Sunday, March 25, 2007

A Soju Saturday





A Soju Saturday

Pictures

1. The view from the bridge to nowhere, the houses of North Korean refugees who fled the D.P.R.K. at the end of the war in 1953. For some reason these humble homes occupy some of the best sea front property in all of Sokcho, fronting a wide sand beach with a great view of the sea. How long will it be, next year, maybe the year after, when all these humble homes are torn down to make room for hotels and mindless monuments to consumerism?

2. Looking back across the small pond that this mamouth bridge crosses.

3. I love dogs, and can never take enough picutres of the nice puppies that I find around the town.

4. The fishing port of Sokcho.
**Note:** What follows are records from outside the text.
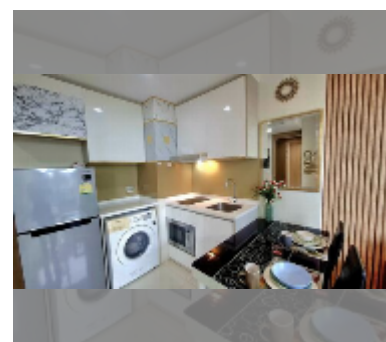

Condo for rent 1 bedroom 40 m² in The Riviera Wongamat Beach, Pattaya

฿ 20,000

UNIT PARAMETERS:

UID	FR-241431
type	1 bedroom
size	40m²
floor	4
view	pool view
year contract	20,000 THB / month
security deposit	2 months
quality	excellent
equipment: furniture, air conditioner, television, washing-machine, refrigerator	
online viewing	yes

PROJECT PARAMETERS:

district	Wongamat
buildings	2
floors	43
built in	2017
maintenance	฿ 24,000/year

FACILITIES:

General information: highrise, meters to beach: 150, minutes to beach: 3, pets are allowed, open parking, multy-level parking, covered parking.

Swimming pool: swimming pool, kids pool, rooftop pool, infinity view, water slides, waterfall, jacuzzi, pool bar .

Chill zone: chill zone, garden, rooftop chillout.

Health zone: gym, sauna, hamam, massage.

Other: reception, lobby, clubhouse, meeting room, games room, kids playgarden, CCTV, security, laundry.

This is where the boats dock when they are not at sea. On the far side of the channel you can see the back of the main street of Sokcho.
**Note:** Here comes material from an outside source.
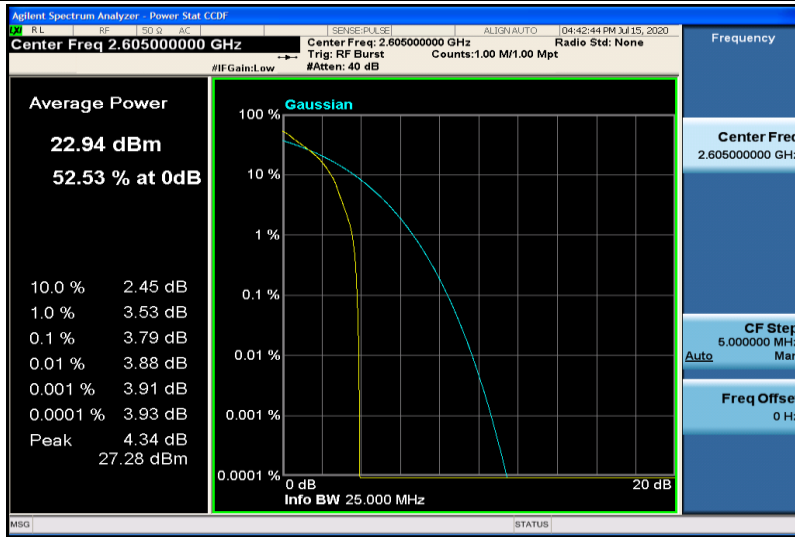

Band41-20MHz-QPSK-40340-100RB#0

5. Squid boats under the bridge to nowhere. These are squid boats, the mainstay of the Sokcho industry. These boats head out night after night, sweeping the seas clean. They use the powerful lights that you can see to attract the squid to the lines.

Conner and I went for a long ramble through the streets of Sokcho today. Fueled by generous amounts of soju, Korean traditional liquor, that we drank with a late lunch of scallops and squid down by the port, we had the energy, the will, and the drive, to conquer the streets of Sokcho.

After a late lunch down at the port, we spent the day exploring the streets of our little town. We rambled far and wide, hitting both the high points and the low, from the bridge to nowhere to a bit of North Korea, it was a grand adventure.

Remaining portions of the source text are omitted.